Taylor Swift Sounds Off: “Music Is Art, and Art Should Be Paid For.”

Taylor Swift writes an op-ed revealing her take on the music industry (Photo: courtesy of searchednews.com)

Taylor Swift writes an op-ed revealing her take on the music industry (Photo: courtesy of searchednews.com)

It’s not exactly rare for famous people to let their opinions be known. From full-blown interviews to short quips on their Facebook or Twitter accounts, Hollywood and music industry superstars don’t typically hide their feelings on politics or anything else they feel passionate about. It is, however, rare for one of the pop-culture elite to actually write an entire op-ed for a nationwide newspaper.

Well, that’s exactly what Taylor Swift has done. The beautiful and talented singer/songwriter has written an op-ed for the Wall Street Journal in which she gives her optimistic two cents about the future of the music industry.

“In recent years, you’ve probably read the articles about major recording artists who have decided to practically give their music away, for this promotion or that exclusive deal,” she wrote. “My hope for the future, not just in the music industry, but in every young girl I meet…is that they all realize their worth and ask for it.”

While many artists are scathing in their remarks when it comes to revealing their personal opinions about their own industries, Swift remains typically upbeat, refusing to tarnish her famously sunny disposition. “Music is art, and art is important and rare,” she wrote. “Important, rare things are valuable. Valuable things should be paid for. It’s my opinion that music should not be free, and my prediction is that individual artists and their labels will someday decide what an album’s price point is. I hope they don’t underestimate themselves or undervalue their art.”

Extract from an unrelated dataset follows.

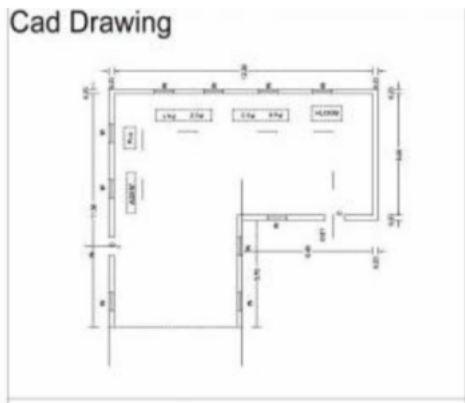

Cad View

Key MAP View

While celebrity has always been a popularity contest (that’s kinda how you get to become a celebrity in the first place), Taylor took some time to address the rising trend of social media-based popularity within the entertainment industry. “A friend of mine, who is an actress, told me that when the casting for her recent movie came down to two actresses, the casting director chose the actress with more Twitter followers,” she said. “I see this becoming a trend in the music industry.”

This is more than just a valid point. In a society where people can now become famous for simply being famous, sheer talent and ability are no longer enough to either grant or prolong success. Social media has changed everything and it appears that there is no going back.